Одна девушка видела, как Николай Рагозин с другими подростками хулиганил на танцплощадке: подставлял ножку, толкал танцующих. Вечером она рассказала об этом Анне Васильевне, а на другой день о поведении Николая стало известно и мне.
— Уж так просил не говорить вам, так просил, — рассказывала Анна Васильевна. — Чуть я не уступила, да ведь обещала вам все рассказывать.
Просил не говорить. Значит, стыдно, Коля? Это хорошо, что ты стал стыдиться скверных поступков, А можно надеяться, что не повторишь их. Но все-таки мы должны поговорить с тобой…

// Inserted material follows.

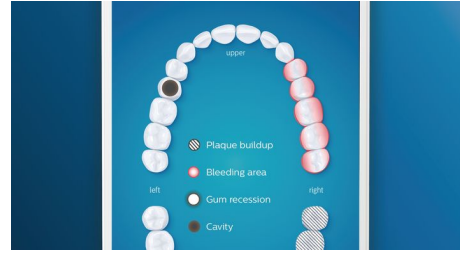

Focus areas and goal-setting

Any trouble areas your dentist has pointed out? We'll highlight them on your in-app 3D mouth map, and remind you to pay extra attention to these areas.

Две недели после нашего разговора я не слышала о Николае ничего плохого. Но потом кто-то из соседей Рагозиных заметил, как Николай вертелся возле очереди в магазине. Об этом рассказала мне Мария Михайловна. И снова Николай сидел в моем кабинете, ежился и краснел.
А однажды Володя Панов увидел Рагозина на улице в компании взрослых парней, подвыпившим. Он отозвал Николая в сторону и хотел тотчас привести ко мне, но тот не пошел. Пришлось беседовать на следующий день.
Я просила комсомольцев из БСМ и особенно Володю Панова попытаться поближе сойтись с Николаем. Но из этого ничего не вышло. Николай держался отчужденно. Володя пригласил его в кино — не пошел, хотел поговорить о прочитанных книгах — Николай только фыркнул и сказал, что ничего не читает. Володя напрашивался в гости — в ответ услышал: «Нечем угощать».
И все-таки Николай с каждым днем становился лучше. Это замечала не только я, но и его мать, и Мария Михайловна, и Володя. Мы даже немного переоценили значение совершавшейся с ним перемены. Мы стали забывать, что в Ефимовске живет Петька Зубарев, старый друг Моряка.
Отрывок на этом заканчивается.